OM – ASM : montrer les muscles
L’affiche de la 23e journée, (21h, Canal +), oppose l’Olympique de Marseille à l’AS Monaco. Une rencontre importante pour la lutte à la deuxième place et la qualification directe en Ligue des champions. Une rencontre peut-être capitale pour l’OM qui doit montrer que le projet est désormais capable de passer à la vitesse supérieure, face au Champion de France en titre.

Après la gifle reçue à l’aller (6-1), fin aout, il était difficile d’imaginer l’OM devant l’ASM quelques mois plus tard. Pourtant, force est de constater que l’OM a su faire face contre vents et marées pour ne pas couler et mieux, trouver une force collective remarquable dans la difficulté. Rudi Garcia a su répondre à chacun des problèmes, sur le terrain comme en dehors, et l’OM est aujourd’hui l’équipe qui semble la plus en forme pour s’installer à la place de dauphin du PSG. Presque tous les voyants sont alors au vert, tandis que l’ASM traine toujours son spleen post mercato estival, presque car une faiblesse de taille est toujours perceptible avec cet OM, incapable de gagner contre un concurrent direct.

Face au PSG ce n’est pas passé loin (2-2), à Lyon non plus malgré le score (2-0), mais l’OM ne parvient pas à achever ceux qui lui disputent désormais la suprématie de « l’autre championnat ». Pour viser la 2e place, Marseille se doit de se trouver une identité de jeu plus ambitieuse, qui passe peut-être par l’intronisation durable de Morgan Sanson à la place de Zambo Anguissa. Le retour en forme de Germain est également une bonne nouvelle pour des phocéens qui semblent avoir fait le deuil de Kostas Mitroglou. La bonne forme de Germain est d’autant plus importante que l’OM sait que pour viser les sommets, il se doit d’avoir un attaquant efficace, capable de marquer 15 à 20 buts par saison. On dit souvent qu’une bonne équipe est composée d’une colonne vertébrale forte, avec Rami, impérial derrière (L’OM n’a encore encaissé aucun but en 2018), Gustavo qui s’est imposé comme le patron de cette équipe, et Germain qui revit doucement, l’OM peut légitimement nourrir des ambitions de Ligue des champions.

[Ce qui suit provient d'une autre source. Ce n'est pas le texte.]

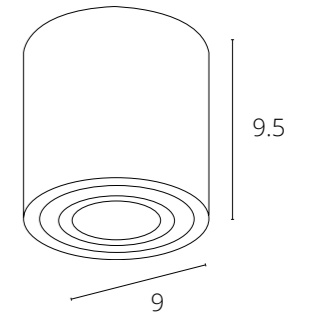

NEW

TINO

A1468PL-1WH	Белый	GU10 35W
A1468PL-1BK	Черный	GU10 35W

NEW

TINO

A1469PL-1WH	Белый	GU10 35W
A1469PL-1BK	Черный	GU10 35W

NEW

INTERCRUS

A5543PL-1WH	Белый	GX53 max 15W
A5543PL-1BK	Черный	GX53 max 15W

GALOPIN

A1460PL-1WH	Белый	GU10 35W
A1460PL-1BK	Черный	GU10 35W

GALOPIN

A1461PL-1WH	Белый	GU10 35W
A1461PL-1BK	Черный	GU10 35W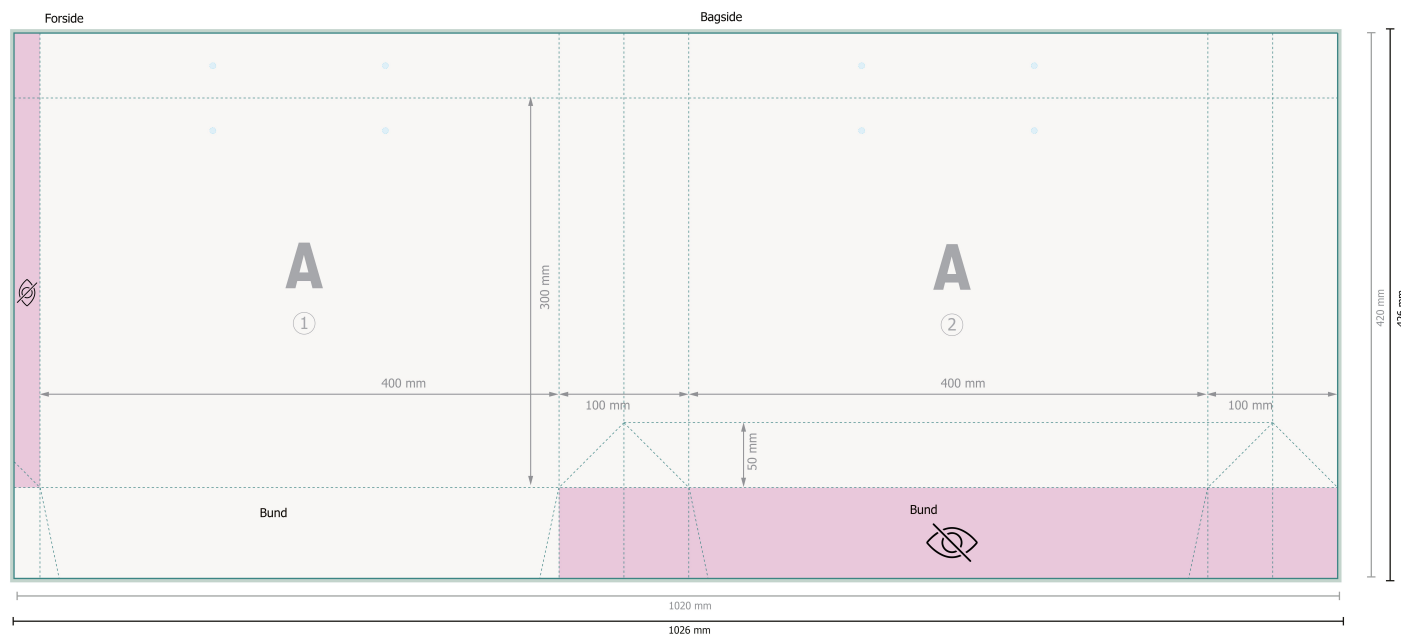

Stofhåndtagstaske naturpapir, 40 x 30 x 10 cm

Fjern prægningskonturen fra downloadskabelonen, inden du genererer dine trykfiler. Vis prægningskonturens placering ved hjælp af en anden fil (visningsfil).

Dataformat (inkl. 3 mm tryk til kant):

102,6 x 42,6 cm

Beskåret størrelse:

102 x 42 cm

Beskåret størrelse (lukket):

40 x 30 cm

Sikkerhedsmargen:

Med et mellemrum på 5 mm mellem teksten/oplysningerne og kanten af det beskårne format forhindres u hensigtsmæssig beskæring.

Forklaring af symboler

 Beskæring

 Læseretning

 Beskåret størrelse

 Dataformat

 Ikke synlig

Bemærk:

Sørg for at have en beskæringsmargen og en sikkerhedsmargen i henhold til vejledningen.

Placer baggrundsgrafik, billeder eller grafik op til dataformatets kant.

Tolerancer kan forekomme under produktionen på grund af beskærings-, stanse- og falseprocesserne.

Trykdata: Du finder vejledninger og skabeloner under menu-punktet *Trykdata* på www.onlineprinters.dk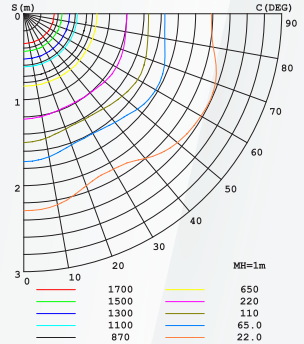

VLAK ISOLUX-DIAGRAM (EENHEID: 1X)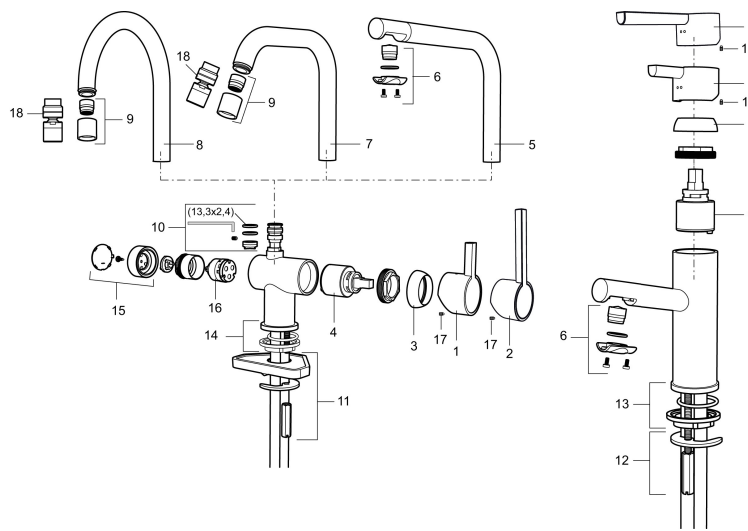

### Tilbageløbssikring

- Til håndvask.
- 100 mm fremspring.
- ESS (Energy Saving System).
- Keramisk tætning.
- Indbygget temperatur- og flowbegrænser.
- Med flexible tilslutningslanger.
- Hulmål Ø32-37 mm (Ø32-35 mm anbefales).

## Reservedelsliste

NR.	ART.NO	VVS	BESKRIVELSE
	209560.AC		Gummiring t Soft-PEX® rør 3/8", 10-pak
1	209500.AE	745148804	Greb, krom
1	209500.0011AE	745148805	Greb, krom/sort
2	409337	745148539	Handicapvenligt greb, L=95, krom
3	209501.AE	745144009	Dækkappe, krom
4	209493.AE		Keramisk enhed, ESS
4	708301.AE	745145002	Keramisk enhed
5	209506.AE	745148674	L-tud, krom
5	209506.0011AE	745148675	L-tud, krom/sort
6	209502.AE	745136704	Perlator til L-tud, krom
6	209502.0011AE	745136703	Perlator til L-tud, krom/sort
7	209508.AE	728007653	J-tud, krom
8	209507.AE	728007651	C-tud, krom
9	209503.AE	745136714	Perlator, krom
10	209520.AE	745137930	Pakningssæt

NR.	ART.NO	VVS	BESKRIVELSE
11	708779.AE	745148366	Bespændingssæt. Til køkken
12	209518.AE	745148620	Monteringsæt til håndvaskarmatur
13	209562.AE		Styrering, håndvaskarmatur
14	209563.AE		Styrering, køkken
15	209505.AE		
16	209504.AE		
17	459013		Låseskrue M4x5
18	409480.AE		Perlator med kugleled M18 indiv., 7-9 l/min ved 3 bar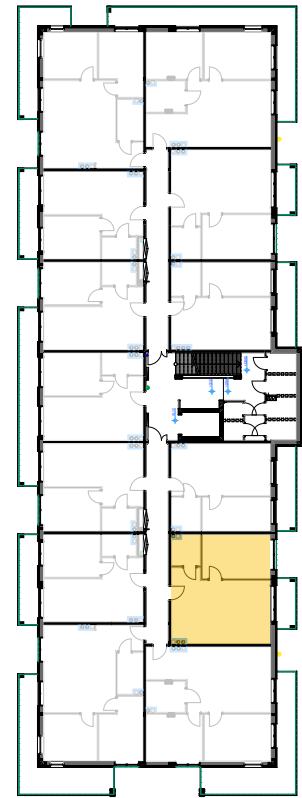

PABIANICE, UL. POPLAWSKA

BUDYNEK **D** PIETRO **1** MIESZKANIE **14**

45,6m²

001	SALON+KUCHNIA	28,7
002	POKÓJ	13,2
003	ŁAZIENKA	3,7
POWIERZCHNIA UŻYTKOWA		45,6 m ²

B	BALKON	4,00
---	--------	------

RZECZYWISTA POWIERZCHNIA ZOSTANIE OBLICZONA NA PODSTAWIE OBIARU POWYKONAWCZEGO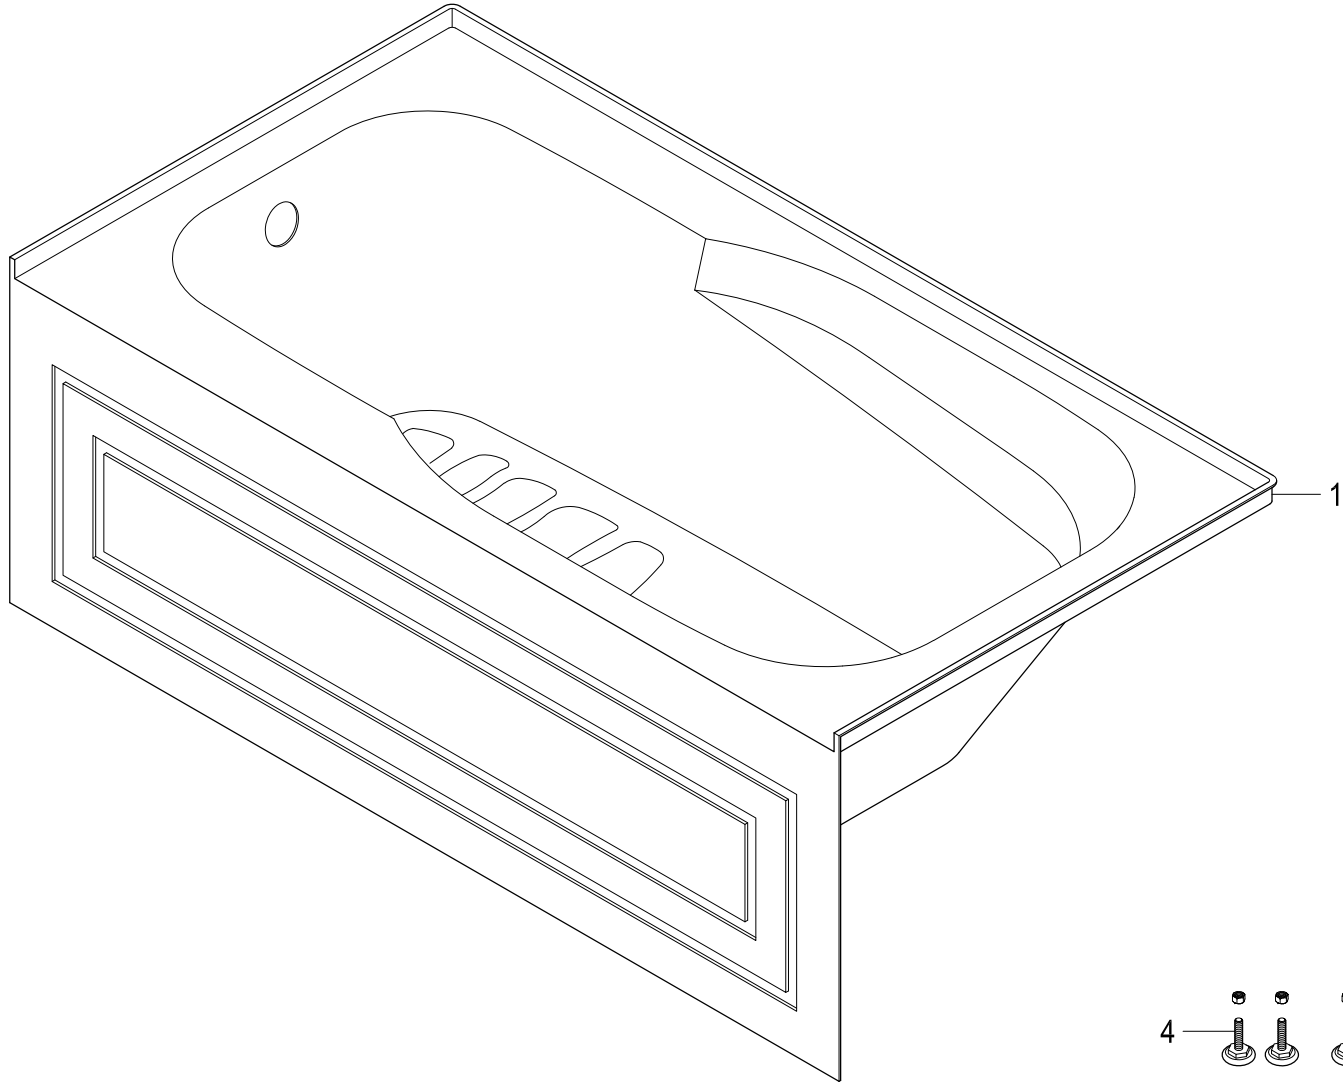

# KVTAP6031L21C0,1,7,8

60" Acrylic Anti-Skid Alcove Tub with Left Hand Drain Hole

Part #	QTY
1.	1
2.	4
3.	2
4.	2

# KVTAP6031L21C0,1,7,8

60" Sliding Shower Door with 5/16" Thick Tempered Glass, Right Sliding

Part #	QTY	Part #	QTY
21.	1	1.	1
22.	1	2.	8
23.	1	3.	8
24.	3	4.	1
		5.	2
		5-1.	2
		5-2.	2
		5-3.	2
		5-4.	2
		5-5.	2
		5-6.	2
		6.	1
		6-1.	1
		6-2.	4
		6-3.	2
		6-4.	2
		7.	1
		8.	2
		8-1.	2
		8-2.	2
		8-3.	4
		9.	2
		9-1.	2
		9-2.	2
		9-3.	4
		10.	2
		11.	1
		12.	2
		12-1.	2
		12-2.	2
		12-3.	2
		12-4.	2
		12-5.	2
		13.	2
		13-1.	2
		13-2.	2
		13-3.	2
		13-4.	2
		13-5.	2
		13-6.	2
		14.	1
		14-1.	1
		14-2.	1
		14-3.	1
		14-4.	4
		14-5.	1
		14-6.	1
		15.	1
		16.	1
		17.	1
		18.	2
		19.	2
		20.	1
		20-1.	1
		20-2.	2

Monaco déplumé, mais pas résigné

Il ne sert pas à grand-chose de revenir sur le mercato estival du côté du Rocher et la fièvre vendeuse de son propriétaire russe, mais il est impossible de ne pas repenser à cela lorsque l’on voit les difficultés actuelles de l’ASM. Il ne semble en aucun cas que les joueurs aient lâché leur entraineur, mais le talent immense et l’audace qui caractérisaient cette équipe sont partis en fumée. Jorge n’a pas remplacé Mendy, Jovetic, Balde Keita, Diakhaby, Lopes n’ont pas remplacé Mbappé et Bernardo, et Falcao malgré un début de saison extraordinaire paye aujourd’hui son manque de soutien offensif. Attention cependant, car lorsqu’un buteur de cette trempe ne marque pas deux matches de suite, en général sa volonté de faire trembler les filets s’en trouve décuplée. Et Falcao, à l’image de ses partenaires, sait montrer les muscles lorsque la situation devient critique, en terminant fort les matches.

La semaine qui arrive sera décisive pour Monaco. Avec le déplacement au Vélodrome ce dimanche soir, puis la réception de Montpellier mercredi en demi-finale de la Coupe de la Ligue, l’ASM pourrait connaître une fin de saison morose en cas de désillusion. Culotté, le board monégasque a même demandé une Coupe nationale à Leonardo Jardim. Toujours est-il que l’ASM, Champion de France en titre, voudra ce soir montrer que l’époque de la supériorité face à l’OM n’est pas révolue et si l’OM part favori sur la forme du moment, les résidus de la grande équipe monégasque version 2016-2017 peuvent encore faire des dégâts importants.